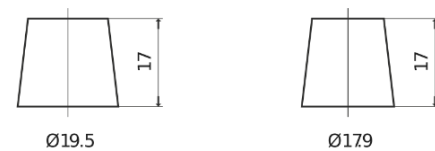

Produktübersicht

Batterien für Autos

EFB EL550

Type	EL550
Technology	EFB
EAN/GTIN	3661024036757
Spannung	12 V
Kapazität	55.0 Ah
Kaltstartwert	540 A
Länge	207 mm
Breite	175 mm
Höhe	190 mm
Kastengröße	L01
Schaltung	ETN 0
Poltyp	EN taper post
Bodenleiste	B13
Gewicht (Änderungen vorbehalten)	14.10 kg

Schaltung

Poltyp

Positive Terminal

Negative Terminal

Bodenleiste

Design, Merkmale und Spezifikationen können ohne vorherige Ankündigung geändert werden. Wir lehnen jede ausdrückliche oder stillschweigende Zusicherung oder Gewährleistung in Bezug auf die Daten oder Empfehlungen ab und haften in keinem Fall für Verluste oder Schäden, die angeblich daraus entstanden sind. Einige Produkte sind möglicherweise nicht auf Ihrem lokalen Markt erhältlich.
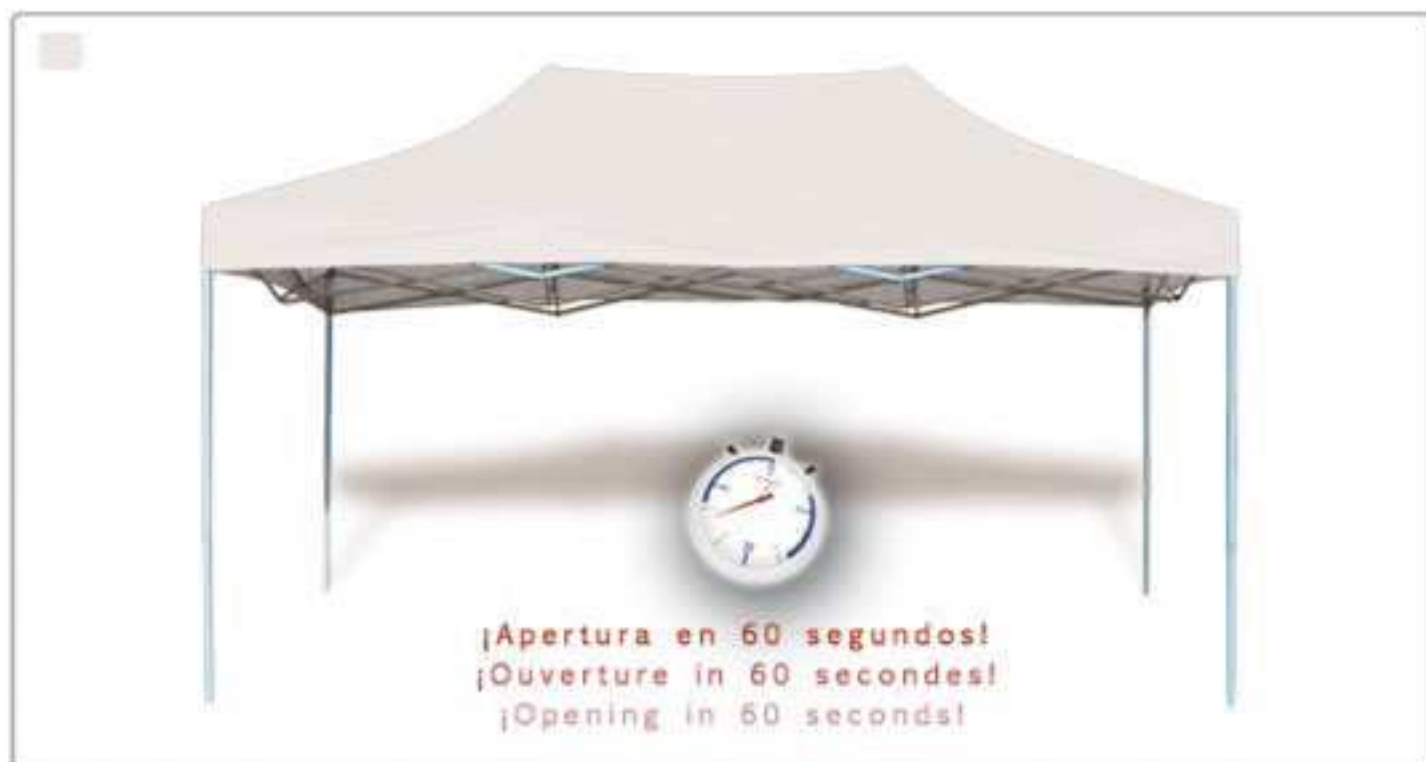

Carpas de Acero 3 x 4,5

Carpa plegable para eventos realizada en acero pintado. Techo en poliéster 600D impermeable. Regulable en altura gracias a sus patas telescópicas. No necesita herramientas para su montaje. De fácil apertura. Colores de techo disponible en blanco.

Carpe pliable faite en acier peint. Toit en polyester 600D imperméable. Régulable en hauteur grâce, aux pates telescopiques. Pas besoin d'outils pour le moutage. Facile d'ouvrir. Couleurs au choix, des toit, blanc.

Tent for events which is easy to fold away and is made of painted steel. The canopy is in waterproof polyester 600D. The telescopic legs allow the height to be adjusted. No tools are necessary to put it up. It is easy to open. The canopy is available in white.
□ □ □ □
EXERCISE REQUIREMENTS → Repeat the listing above exactly from its first line to the line containing "Carpas de Acero 3 x 4,5", both included, and omit the pictures.

RESULT BELOW →
Produktübersicht

Batterien für Autos

EFB EL550

Type	EL550
Technology	EFB
EAN/GTIN	3661024036757
Spannung	12 V
Kapazität	55.0 Ah
Kaltstartwert	540 A
Länge	207 mm
Breite	175 mm
Höhe	190 mm
Kastengröße	L01
Schaltung	ETN 0
Poltyp	EN taper post
Bodenleiste	B13
Gewicht (Änderungen vorbehalten)	14.10 kg

Schaltung

Poltyp

Positive Terminal

Negative Terminal

Bodenleiste

Design, Merkmale und Spezifikationen können ohne vorherige Ankündigung geändert werden. Wir lehnen jede ausdrückliche oder stillschweigende Zusicherung oder Gewährleistung in Bezug auf die Daten oder Empfehlungen ab und haften in keinem Fall für Verluste oder Schäden, die angeblich daraus entstanden sind. Einige Produkte sind möglicherweise nicht auf Ihrem lokalen Markt erhältlich.

Carpas de Acero 3 x 4,5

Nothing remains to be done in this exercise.